Two important details of note. The firemen told us there has been an unusual amount of calls for chimney fires this year. One fireman told us that he had his cleaned in December and a month later had a chimney fire. We had our Sweep guy do our annual cleanout in November, but when he came on Friday to clear out the charred remains, he took out five buckets full of blackened soot and buildup. He told us that twelve of his customers had fires this winter. He could only offer assumptions as to why, perhaps the wood isn’t seasoned enough and/or the cold temperatures are slowing the smoke and sparks from carrying up the chimney. He said because we live along the water there is more moisture in the air, probably a contributor to creosote accumulation. For whatever the reason or a combination of all, the conditions were ripe for a fire. Of course, outside chimneys are more susceptible to build-up due to not being insulated from the harsh temperatures cooling them, so they don’t burn as clean. Because of what we’ve been told and experienced, I’m suggesting those of you with chimneys, get a mirror and a flashlight to check out your flue, better to be safe than sorry.
As a solution, we are going to buy the equipment to clean our chimney once a month. Gows Home Hardware sells the brushes and the rods to do the job. A lot rests on being diligent, and this will be a small price to pay for peace of mind. We will also clean the inside stove pipes every two weeks instead of every month; it’s marked on the calendar now so we won’t forget or become complacent. I don’t want to see another fireman in my house unless he’s been invited for a social gathering but I’d like to give a big thank-you to the guys that came to our rescue, Mahone Bay’s finest!
The stress drove my blood sugar as high as Everest and later I didn't sleep well, my mind churning through the what ifs, as my mood stayed blacker than the thin sheet of ash that covered the snowy yard after the chimney erupted like a brick volcano.
Although I don't think we were in any immediate threat of losing everything, I still prepared for the worst, grabbing the pups and their coats, car keys, my rings, both laptop computers and the Baby Magic Doll that was staring at me from a shelf in the living room, her big beautiful eyes seemed to say, “don’t leave me behind!” I stood by the door and looked around and I thought what else should I grab, my mother-in-law's silver tea set? More jewelry? Some of the Blue & White dish collection from the obsessive amounts that hang on the walls and fill the cupboards? I stood dumb founded by indecision, not able to think of a single item I couldn’t live without. I figured I wouldn’t miss anything too terribly but I would mourn the inconvenience of the aftermath of a fire, the insurance claim, purchasing new clothes, finding a place to live in the interim and then a possible rebuild. I’ll bet dollars to donuts our next home wouldn’t look anything like the footprint of our current one.

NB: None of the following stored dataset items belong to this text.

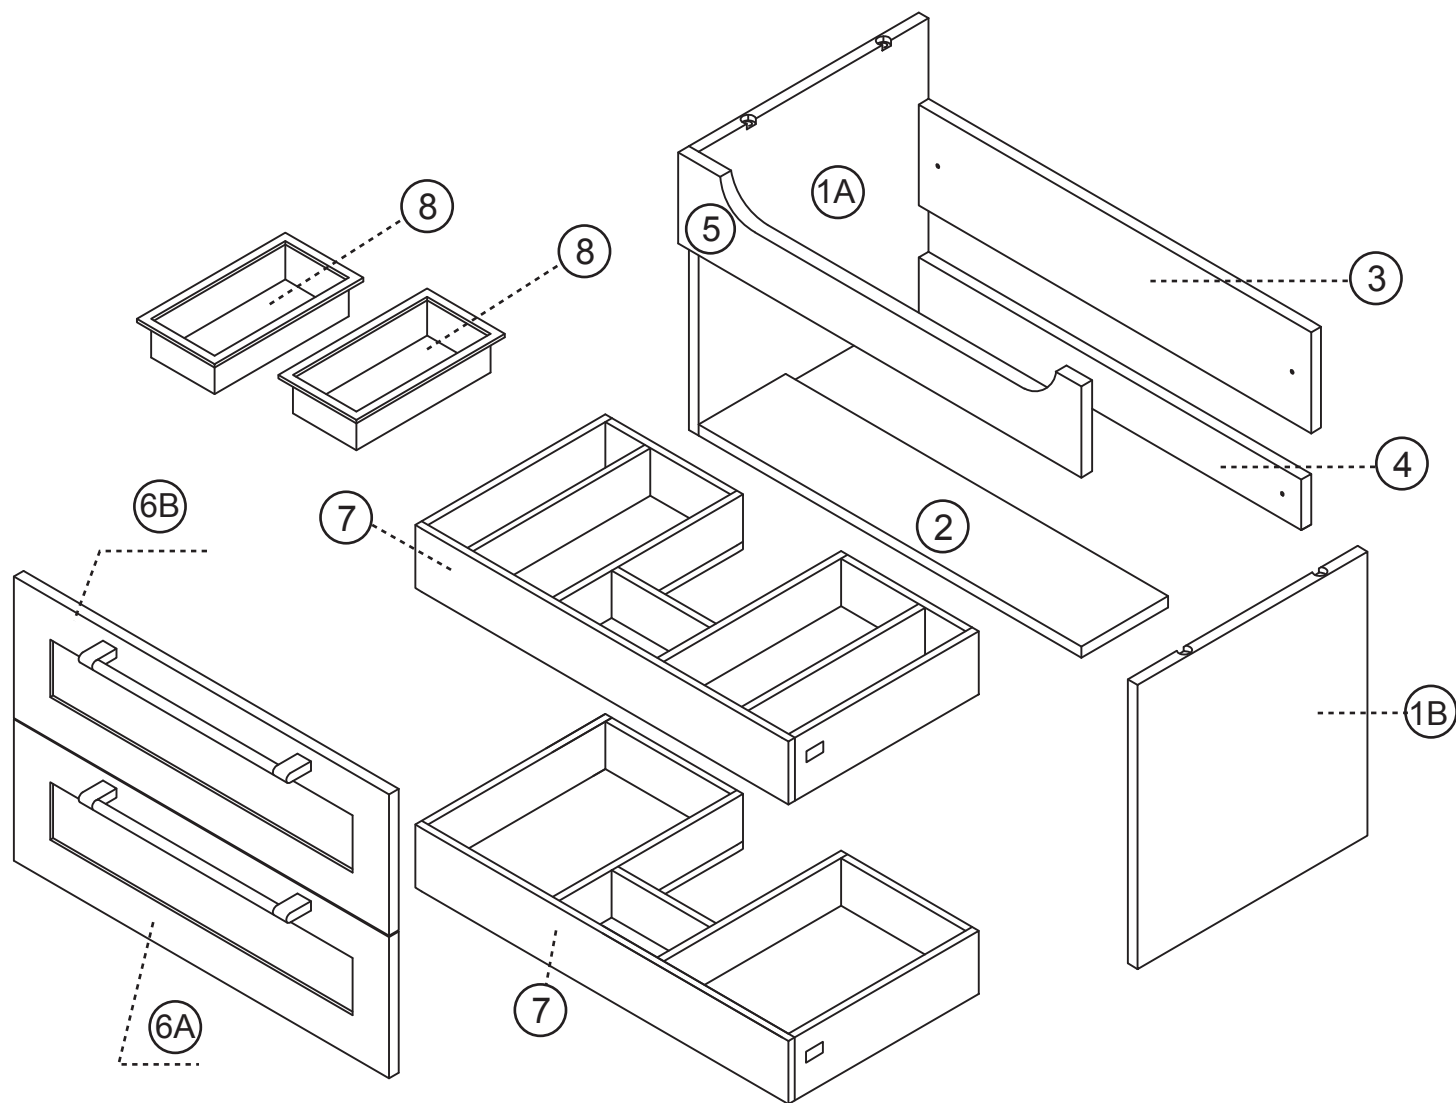

- Ⓢ🇪 Fritt utrymme för avlopp, sideview
- Ⓢ🇫🇮 Vapaa tila viemärille sivusta katsottuna
- Ⓢ🇳🇴 Plass for avløp sett fra, sideview
- Ⓢ🇩🇰 Fri plads for afløb, sideview
- Ⓢ🇬🇧 Void for waste, sideview

600mm model	A	B	C	D	E
	580mm	570mm	320mm	445mm	600mm
750mm model	A	B	C	D	E
	580mm	720mm	320mm	445mm	750mm
900mm model	A	B	C	D	E
	580mm	870mm	320mm	445mm	900mm
1050mm model	A	B	C	D	E
	580mm	1016mm	320mm	445mm	1050mm

A x4

B x4

C x4

D x4

E x2

600

Art. nr	Quantity	Size (mm)
1	2	300 x 540 x 18
2	1	534 x 144 x 18
3	1	534 x 144 x 18
4	1	534 x 46 x 18
5	1	570 x 130 x 18
6	2	570 x 203 x 18
7	2	524 x 275 x 86
8	2	272 x 139 x 55

1050

Art. nr	Quantity	Size (mm)
1	2	300 x 540 x 18
2	1	980 x 144 x 18
3	1	980 x 144 x 18
4	1	980 x 46 x 18
5	1	1016 x 130 x 21
6	2	1016 x 203 x 18
7	2	972 x 275 x 85
8	2	272 x 139 x 55

1

2

3

4

5

NEWPORT

We live in a moderate sized house filled to the brim with things. Surely we’ve accumulated something worth the trouble to tuck under our arm and flee! Nothing worth dying over obviously, but if time allowed surely I could have come up with something that might have made the loss of everything less of a hardship. I was more worried that I had a hole in the heel of my one sock, thinking great, that’s what I’ll have to live with until we can find some things to wear. I had on clean underwear, my mom would be proud that her constant nagging is still working. Luckily I was wearing my favourite bra, a good bra is worth its weight in gold, and as I looked down at the shirt that I was wearing I figured it wouldn’t be too much of a hardship to have to sleep in it, perhaps even in the car for the first homeless night.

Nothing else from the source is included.